- Born: Irik Gatiyatulovich Zhdanov 20 October 1934
- Died: 7 August 2022 (aged 87) Orenburg, Russia
- Occupation: Boxing coach

= Irik Zhdanov =

Russian boxing coach (1934–2022)

Irik Gatiyatulovich Zhdanov (Ирик Гатиятулович Жданов; 20 October 1934 – 7 August 2022) was a Russian boxing coach.

== Biography ==
Zhdanov began to box at the age of fourteen. He became a member of the Dynamo Sports Club in 1948. Zhdanov served in the Soviet Army at the age of eighteen, where he later worked as a coach. He enlisted males at the Zaural Grove, later conducted coaching in Lenin Garden, Ufa. When he coached them, they won and Zhdanov had received an invitation to begin work at a sports school.

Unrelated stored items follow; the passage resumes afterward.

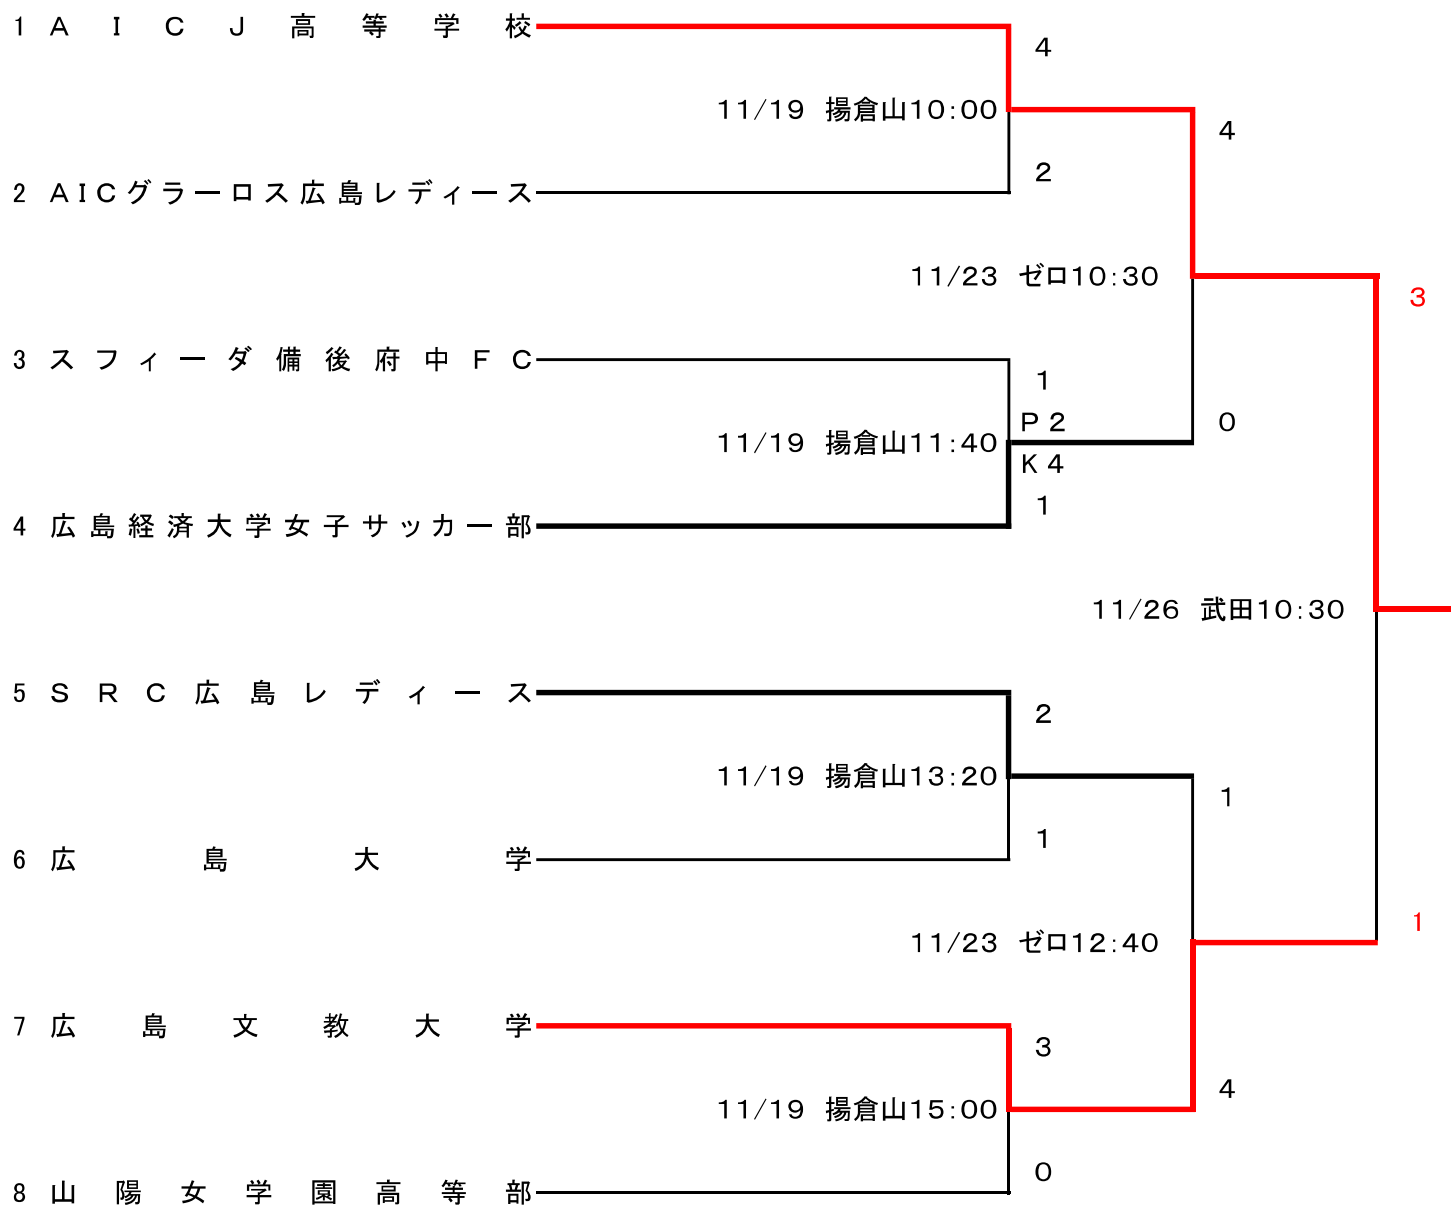

第32回もみじレディースサッカー大会

2023年11月19日・23日・26日

揚倉山:WACTORYパーク揚倉山 上段 ゼロ:ゼロバランスサッカーフィールド 上段
武田:武田学園総合グラウンド

準決勝までは50分ゲーム、引き分けはPK戦、
決勝は60分ゲーム、引き分けは10分の延長戦その後PK戦

Zhdanov had previously boxed while serving in the army, but had suffered from a head injury. He decided to coach after the injury. Zhdanov attended the Omsk Institute of Physical Culture, later graduating in 1959. He moved to Orenburg with the title name "Master of Sports". Zhdanov was occupied teaching law enforcement officers. He had many students become world championships boxers. He was honored with the Medal of the Order "For Merit to the Fatherland" in the 2nd class. On 25 February 2015, Zhdanov was honored as an honorary citizen of Orenburg.

Zhdanov died in August 2022 in Orenburg, at the age of 87.